BJ’s Wholesale Club announced in April that all of its 180 stores will begin accepting electronic food stamp for payment. And discounter Family Dollar Stores Inc. is in the midst of making all its stores capable of accepting food stamps, the federal subsidy for unemployed and very low-income people.

Costco said it expects the trial stores in Queens and Brooklyn, which were selected because of the high penetration of food-stamp recipients in their areas, will be equipped by early summer with the technology to accept food stamps.

“In the past, we have not been convinced that there was sufficient demand among our membership to justify the expense and possible inefficiencies associated with accepting food stamps,” Costco Chief Executive Jim Sinegal said in a statement. “However, we are mindful that many of our fellow citizens are facing unprecedented economic challenges at this time, and it seemed to us that it was worth reconsidering our position in that light. We are taking this step to see if we can be a part of the solution to the financial burden that many people are facing today.”

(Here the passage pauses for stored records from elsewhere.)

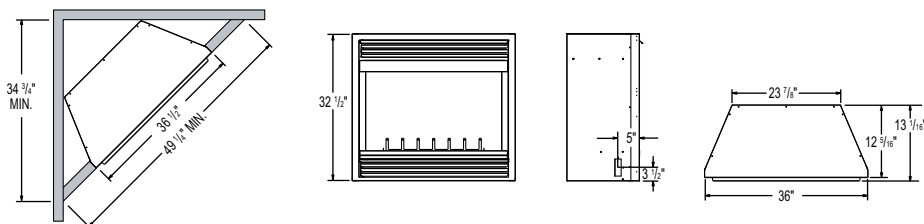

Cast Iron Surround

Porcelain Majolica Brown

Porcelain Black

Painted Black

Porcelain Majolica Green

Remote Control

Convenient hand-held remote control comes standard

Model	BTU'S	Watts	Height		Front Width		Depth		Mobile Home Certified	Blower
			Actual	Framing	Actual	Framing	Actual	Framing		
EF36	5,000	1500	32 1/4"	31 1/2"	30"	29"	11"	11 3/4"	Yes	Standard

The Issaquah, Wash.-based company said it will look at whether the food stamp acceptance meets customer demands and does not slow down its front-end operations.

New York Attorney General Andrew Cuomo criticized the retailer in a letter Wednesday for not immediately committing to accept food stamps at its East Harlem store, which is still under development.

Costco could extend the program to the store if the pilot goes well.

The East Harlem site is in a redevelopment area, which means the company has received public support. The attorney general’s office said that by not accepting food stamps there, Costco is violating the purpose of tax-exempt financing it has received. An estimated 30,000 residents in East Harlem use food stamps.

Cuomo said there is “no justifiable business rationale” for not accepting food stamps at all its stores.

Shares of Costco closed down 31 cents at $48.83 Wednesday but rose slightly in after-hours trading following the announcement.